Жердон утверждает, что кладка состоит из трех или четырех яиц*.
* Обычно в кладках рябков три яйца, довольно часто находили гнезда с двумя яйцами, четыре яйца в гнезде встречаются исключительно редко.
По описанию арабов гнездо рябков представляет незначительное углубление, вырытое в песке и не снабженное никакой подстилкой. Ирби замечает, что яйца рябков были найдены им в местности, совершенно лишенной деревьев и что они лежали прямо на песке, так что собственно нельзя и говорить о настоящем гнезде. Яйцо чернобрюхого рябка имеет 48 мм в длину, яйцо его белобрюхого родича – 44 мм; поперечник яиц их равняется 32-28 мм.

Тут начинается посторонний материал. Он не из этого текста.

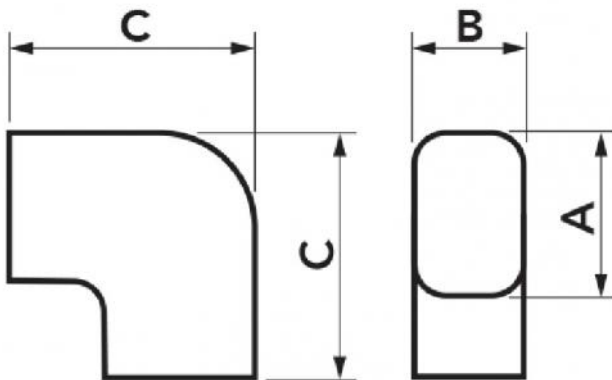

## ABMESSUNGEN

CODE	MODELL	LINIE	A [mm]	B [mm]	C [mm]
11120160	CP 60 - EXC	TOP LINE	66	56	101
11120172	CP 72 - EXC	TOP LINE	78	68	118
11120100	CP 100 - EXC	TOP LINE	104	78	152
N11120160	CP 60 - EXC	NEW LINE	66	56	101
N11120172	CP 72 - EXC	NEW LINE	78	68	118
N11120100	CP 100 - EXC	NEW LINE	104	78	152
E11120160	CP 60 - EXC	ECO LINE	66	56	101
E11120172	CP 72 - EXC	ECO LINE	78	68	118
E11120100	CP 100 - EXC	ECO LINE	104	78	152
SCD100482	CP 72 - EXC	BROWN LINE	78	68	118
SCD100481	CP 100 - EXC	BROWN LINE	104	78	152
SCD100313	CP 72 - EXC	BLACK LINE	78	68	118
SCD100314	CP 100 - EXC	BLACK LINE	104	78	152
SCD100333	CP 72 - EXC	GREY LINE	78	68	118
SCD100345	CP 100 - EXC	GREY LINE	104	78	152

## ARTIKEL

CODE	DESCRIPTION
11120160	CP-60 FLACHER BOGEN TOP-LINE
11120172	CP-72 FLACHER BOGEN TOP-LINE
11120100	CP-100 FLACHER BOGEN TOP-LINE
N11120160	CP-60 FLACHER BOGEN NEW-LINE
N11120172	CP-72 FLACHER BOGEN NEW-LINE
N11120100	CP-100 FLACHER BOGEN NEW-LINE
E11120160	CP-60 FLACHER BOGEN ECO-LINE
E11120172	CP-72 FLACHER BOGEN ECO-LINE
E11120100	CP-100 FLACHER BOGEN ECO-LINE
SCD100482	FLACHBOGEN EXCELLENS CP 72-EXC BROWN LINE (PACKUNG 5 STK.)
SCD100481	FLACHBOGEN EXCELLENS CP 100-EXC BROWN LINE (PACKUNG 3 STK.)
SCD100313	FLACHBOGEN EXCELLENS CP 72-EXC BLACK LINE (PACK. 5 STÜCK)
SCD100314	FLACHBOGEN EXCELLENS CP 100-EXC BLACK LINE (PACK. 3 STÜCK)
SCD100333	FLACHBOGEN EXCELLENS CP 72-EXC GREY LINE (PACK. 5)
SCD100345	FLACHBOGEN EXCELLENS CP 100-EXC GREY LINE (PACK. 3)

Злейшим врагом рябков, как и многих других птиц, является человек. Я слышал, что им опасен сокол, а ночью также степная лисица. Пока они еще не сделались пугливыми, добыть их бывает нетрудно, так как обыкновенно они слишком полагаются на свою подражательную окраску. Я помню, что однажды убил 14 штук одним выстрелом.
Совсем иначе держат себя рябки в тех местах, где их сильно преследуют; здесь, чтобы охотиться на них, приходится отыскивать место, куда они летают на водопой, и поджидать в засаде.
«Так как испанцы любят мясо рябков, – говорит брат мой Рейнгольд, – то этих птиц всячески преследуют, и они становятся, вследствие этого, очень пугливыми и осторожными. Их стреляют всегда из засады на тех местах, куда они летают на водопой».
Ловля рябков, по-видимому, выгоднее охоты на них с ружьем. «Рябки, – говорит Болле, – благодаря своим коротким ножкам, никогда не переступают добровольно через более или менее крупные камни, а всего охотнее бегают по совершенно ровным местам. Поэтому, если устроить им дорогу к воде, расположить камни в два ряда так, чтобы между ними оставался проход, как раз достаточно широкий, чтобы по нему могла пройти рябок, и укрепить на этой дороге несколько петель, то многие из птиц попадаются живьем».
В неволе эти обыкновенно пугливые птицы становятся очень ручными. «Я содержал, – рассказывает мой брат, – пару рябков в своей комнате больше года. Большую часть дня они проводили вне клетки, бегая на свободе, и им не приходило в голову улететь через открытое окно, хотя они взлетали на стол, бегали по нему, подбирали крошки или ели у меня из рук. Рано утром меня будил самец своим криком, очень напоминающим воркование голубя; часто я слышал этот крик и ночью, из чего можно заключить, что рябки и на свободе бодрствуют по ночам.
Очень забавно было смотреть, как самка, после того как она вполне ознакомилась со своим местом заключения и всем окружающим, обращалась с незнакомыми людьми и животными. Если к ней подходил кто-нибудь незнакомый, то она оттопыривала головные и спинные перья, издавала сердитое «гур-гур-гур» и, вытянув шею, направлялась на пришельца, а если он не отступал, то клевала его в ноги или руки, награждая при этом сильными ударами крыльев. Собак и кошек она всегда прогоняла таким образом из комнаты.
Самец реже вел себя так воинственно и только, если его загоняли совсем в угол, защищался клювом и крыльями. С другими птицами мои рябки жили в мире. Я держал их вместе с жаворонками, дроздами и другими маленькими птицами и никогда не случалось, чтобы они поссорились или чтобы рябки воспользовались правом сильного».
Чернобрюхие рябки, которых я содержал, без всякого неудобства или вреда для здоровья переносили холод в 25 градусов по Цельсию. Гораздо вреднее холода для них сырость. К дождю они очень чувствительны, и потому в дождливые дни их следует держать в закрытом помещении, так как они слишком глупы для того, чтобы войти в клетку, в которой ночуют, и спрятаться в ней от дождя.